If your clients don't implement an increasing backoff retry with jitter, you can fake it by making your server begin to randomly and increasingly time-out connections or wait to accept them. You can do it a few different ways.
For already-open connections:
1) Keep the connection open and respond with a tiny amount of data every once in a while, so the connection doesn't time out, but make it long enough that a complete request will take forever.. Applications may still re-connect if a successful request-response doesn't happen within a timeout.
2) Keep the connection open but don't respond. The application may time out the connection and re-connect if it receives no data.
3) Drop the connection but don't let the tcp/ip stack send a RST, FIN, or anything else. The applications' connection will be timed out pretty soon, either by the OS stack or an application timeout.
4) Respond to requests with HTTP response codes that will make the client retry. As long as this only happens at the load-balancer level, it will still remove pressure from your application layer.
For new connections:
1) Play hard to get. During the 3-way handshake, respond with weird states that won't cause the connection to drop, but will make the client keep trying to connect, like the handshake is still trying to succeed but experiencing loss.

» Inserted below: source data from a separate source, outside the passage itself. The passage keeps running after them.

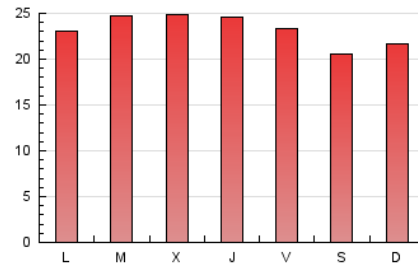

1. Cifras totales y promedios (Nacional)

MES - AÑO	NAVEGADORES UNICOS	VISITAS	PAGINAS
Septiembre - 2019	26.719	45.469	69.641
PROMEDIO DIARIO	1.353	1.516	2.321
PROMEDIO LUNES-VIERNES	1.375	1.547	2.407
PROMEDIO SABADO-DOMINGO	1.303	1.442	2.122
PAGINAS / VISITAS	1,53		
DURACION MEDIA VISITAS		0:02:56	
DURACION MEDIA PAGINAS		0:05:31	

2. Secciones (Nacional)

	PAGINAS	%
HOME	5.043	7.24 %
RESTO	64.598	92.76 %

3. Por día del mes (Nacional)

Día	N. únicos	Visitas	Páginas	Día	N. únicos	Visitas	Páginas	Día	N. únicos	Visitas	Páginas
1	2.080	2.294	3.085	11	1.185	1.322	2.020	21	930	1.069	1.705
2	1.342	1.503	2.284	12	1.244	1.406	2.098	22	1.075	1.218	1.811
3	1.367	1.517	2.203	13	1.513	1.656	2.461	23	1.230	1.396	2.342
4	1.668	1.883	2.596	14	1.881	2.071	3.027	24	1.127	1.289	2.484
5	2.263	2.470	3.337	15	1.379	1.516	2.155	25	1.359	1.550	2.608
6	1.843	2.055	3.096	16	1.484	1.644	2.455	26	1.169	1.324	2.292
7	1.368	1.506	2.222	17	1.348	1.538	2.674	27	950	1.070	1.738
8	1.322	1.449	2.172	18	1.507	1.761	2.699	28	784	859	1.279
9	1.499	1.660	2.453	19	1.244	1.423	2.107	29	904	1.000	1.642
10	1.432	1.611	2.540	20	1.071	1.229	2.031	30	1.023	1.180	2.025

4. Gráficas (Nacional)

4.1 Por día de la semana (promedio)

N. únicos / Visitas (x 100)

Páginas (x 100)

4.2 Por franja horaria (promedio)

Visitas (x 1000)

Páginas (x 1000)

4.3 Por meses
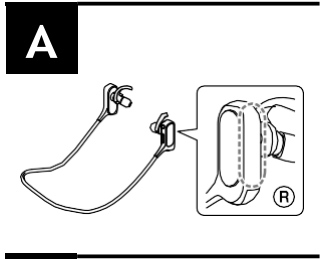

Русский

ВНИМАНИЕ

Для снятия опасности поражения электрическим током не открывайте корпус устройства.

Не устанавливайте этот аппарат в изолированном пространстве, например, в нижнем шкафу или во встроенной мебели.

ENG

Беспроводная стереофоническая гарнитура

Производитель: Сонн Корпорейшн, 1-7-1 Коан, Минато-ку, Токио 108-0075, Япония

Сделано вВьетнам
Импортер на территориистран Таможенного союза АО «Сони Электроникс», Россия, 123103, Москва, Карамышевский проезд, 6

Дата изготовления устройства
Год и месяц изготовления указаны на упаковке.
MM.YYYY, гдеMM - месяц, YYYY - год изготовления.

Срок годности (срок службы) составляет 5 лет.

Условия хранения:

ВНИМАНИЕ! ЗВУКОВОЕ СОПРОВОЖДЕНИЕ ДЛЯ ДАННОГО УСТРОЙСТВА ДОСТУПНО ТОЛЬКО НА АНГЛИЙСКОМ ЯЗЫКЕ

Microsoft, Windows и Windows Vista являются зарегистрированными товарными знаками или товарными знаками Microsoft Corporation в США и/или других странах.

Mac и Mac OS являются товарными знаками Apple Inc., зарегистрированными в США и других странах.

iPhone является товарным знаком Apple Inc., зарегистрированным в США и других странах.

Меры предосторожности

О связи BLUETOOTH

- Мы не принимаем на себя никакой ответственности в случае утери информации во время сеансов связи BLUETOOTH.
- Связь со всеми устройствами BLUETOOTH не гарантируется.
  - Устройство, поддерживающее функцию BLUETOOTH, должно соответствовать требованиям стандарта BLUETOOTH, установленного группой Bluetooth SIG, Inc., и его пригодность должна быть удостоверена.
  - Даже если подключенное устройство соответствует требованиям вышеуказанного стандарта BLUETOOTH, возможно, не удастся подключить некоторые устройства или они будут работать неправильно, что зависит от функций или технических характеристик устройства.
  - При использовании в режиме разговора телефонной гарнитуры могут возникать помехи в зависимости от устройства и среды связи.
- В зависимости от подключаемого устройства для начала обмена данными может потребоваться некоторое время.
- **Об использовании приложений для вызовов для смартфонов и компьютеров**
  - Данное изделие поддерживает только стандартные входящие вызовы. Приложения для вызовов для смартфонов и компьютеров не поддерживаются.

О зарядке этого изделия

Изделие не работает надлежащим образом

Характеристики защиты от брызг
Характеристики защиты от брызг¹⁾ этого изделия эквивалентны IPX4²⁾ по стандарту IEC 60529 “Степень защиты от попадания воды (степень защиты IP)”, который определяет степень защиты от попадания воды. Однако это изделие нельзя использовать в воде. При неправильном использовании этого изделия вода может попасть внутрь и привести к возгоранию, поражению электрическим током или неисправностям. Внимательно соблюдайте следующие предупреждения и правильно используйте изделие.

Жидкости, для которых обеспечиваются характеристики защиты от брызг
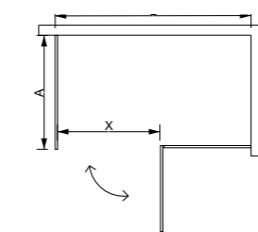

产品特点	L 型款，合页装在侧边，外开门，空间大，可以左右互换安装。
尺寸范围 (SIZE)	(800-1000)*(1200-1800)*2000mm
玻璃厚度 (Glass Thickness)	10-12mm
Features.	• Free standing. • Optional left or right sliding door. • Large size.

产品特点	简洁，小巧，适用于小户型的卫生间，门玻可以靠墙，不占空间。
尺寸范围 (SIZE)	700-1000*2000mm
玻璃厚度 (Glass Thickness)	8-10mm
Features.	• Alcove shower design. • Only one panel fixed on the wall. • Easy for installation.
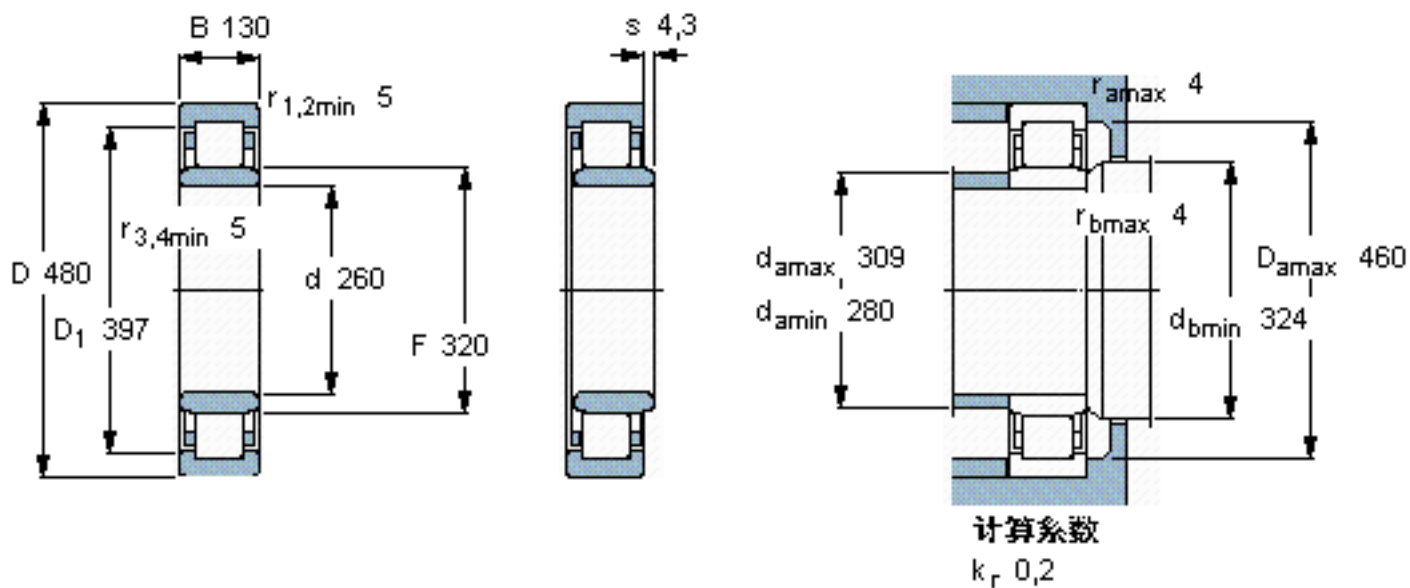

SKF NU 2252 MA参数

主要尺寸	d	260	mm	-
	D	480	mm	-
	B	130	mm	-
基本额定载荷	C	1790000	N	动载荷
	C_0	3000000	N	静载荷
疲劳载荷极限	P_u	275000	N	-
额定转速	参考转速	1400	r/min	-
	极限转速	2000	r/min	-
重量	重量	110000	g	-
型号	* SKF 探索者轴承	NU 2252 MA	-	-
角圈	型号	-	-	-

SKF NU 2252 MA图片

参考资料:<http://www.sozhou.com/p/f60907e9.html>

计算系数
 k_r 0,2
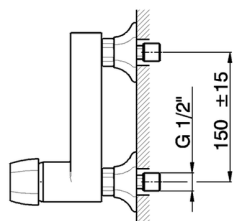

Ducha monomando CHERIE_CH000444

MODELO **CH000444**

Ducha monomando, sin conjunto ducha, conexión para flexible 1/2" M

ACABADOS DISPONIBLES

- 
6T 6T Cromo/Negro Mate
- 
7C 7C Oro/Negro Mate
- 
7D 7D Niquel Brillo/Negro Mate
- 
7E 7E Oro Rosa/Negro Mate

CARACTERÍSTICAS

Recambio Cartucho **ZZ93196000**

Cartucho Monomando 38 mm

Ducha monomando CHERIE_CH000444

CH000444

<https://es.cisal.it/ducha-monomando-cheriech000444>

2024-11-01
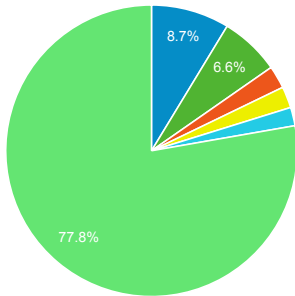

67,57 %

Moyenne du site : 67,57 % (0,00 %)

Pages/visite

2,47

Moyenne du site : 2,47 (0,00 %)

Analyse par Villes

■ Paris ■ (not set) ■ Lyon
■ Toulouse ■ Tunis ■ Autres

Visites

2) Do a normal 3-way handshake, but wait forever on each step to drag it out.
All of these options are a terrible idea for user-facing applications. They can cause more issues on your server side due to connections in wait state, and your clients will just see requests hanging, stalling, etc. You could just pretend the problem is with their ISP rather than your end. Or you could throw a 429 or 503 to try to stop the retries, but then they really know it's your fault.

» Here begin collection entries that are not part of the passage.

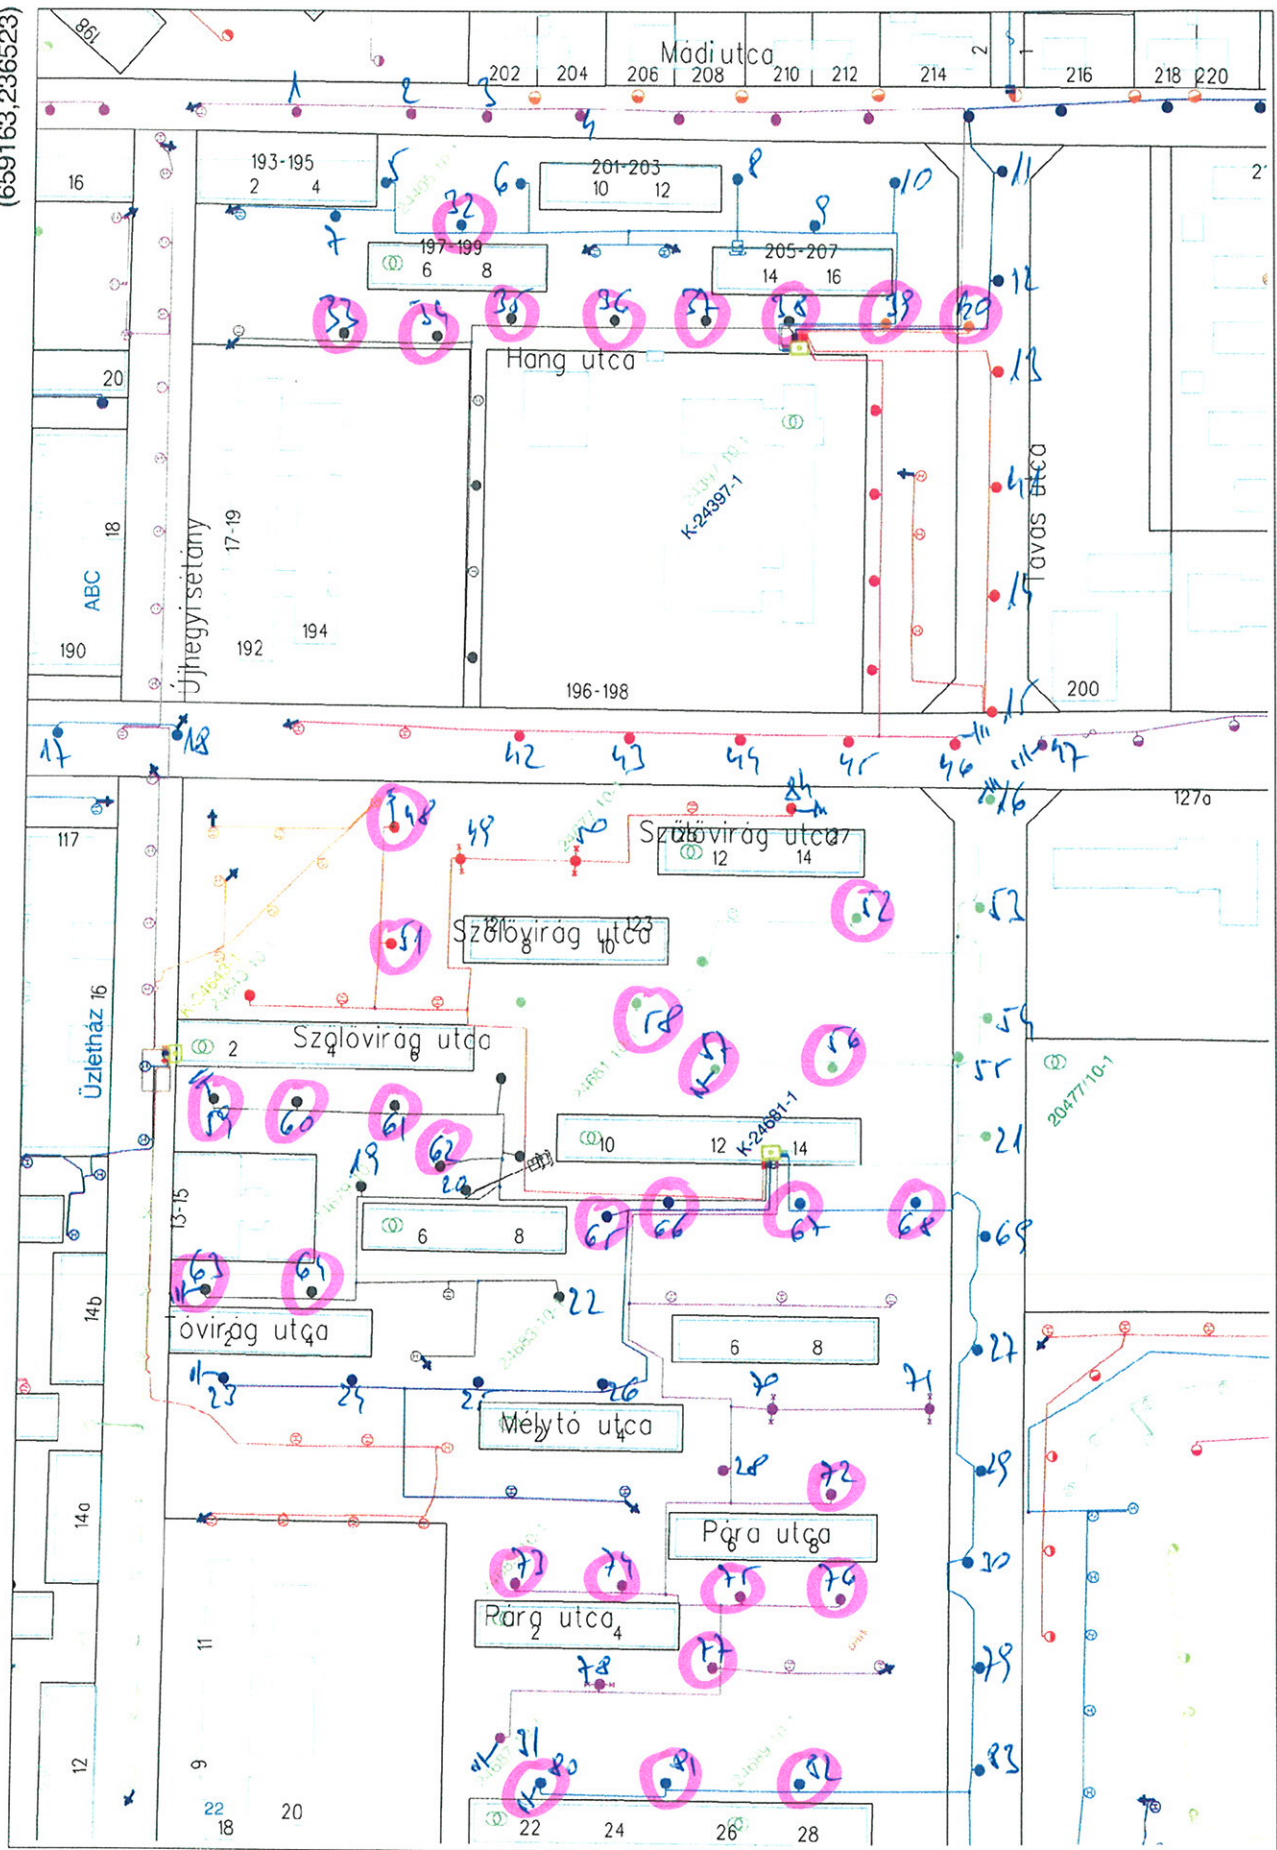

1

(658528,235903)

Pintér László (BDK Kft.)

2

X. Madi utca, Hangy, Harvato, Szőlővirág, Pára u., 34db 110/76/4P

EEGIS X/16.

2020.01.17 14:20:20 - M=1:2000

(659163,236523)
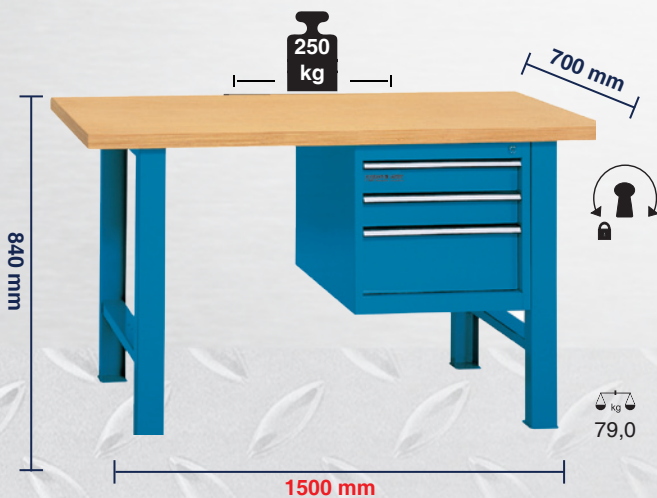

WERKBANK mit 1 Schubladenbox
Etabli avec bloc-tiroirs

No. 30320/84622 RAL5012
Code 1745077

995,-*
1074,60*2
Best rice

2x 459 x 90 x 539

1x 459 x 180 x 539

2x 459 x 90 x 539

1x 459 x 180 x 539

WERKBANK mit Schubladenbox

The best option is to just add capacity. Back in the day we couldn't do that; you had the servers you had. So when all 400 machines in our colo were thrashing, we just had to shed load randomly, sometimes using the tricks above. Now with the cloud you can magically add capacity anytime, automatically. Much better option.
What's often much better is to add another caching layer before the application layer and just return stale responses during pressure events. But sometimes you can't, so you resort to either a 429 or 503, or the dirty tricks above.
And in addition, we are investing in the graceful-js library to handle 429 and 523 codes returned by the Aperture system - https://github.com/fluxninja/graceful-js
I learned most of this the hard way as a SRE. How systems behave at and over their limits is far more important than how they behave under them. A system that is 'forgiving' (aka resilient) is worth its weight in gold. Otherwise you get into downward spirals with systems that can't recover unless they are rebooted. Great read!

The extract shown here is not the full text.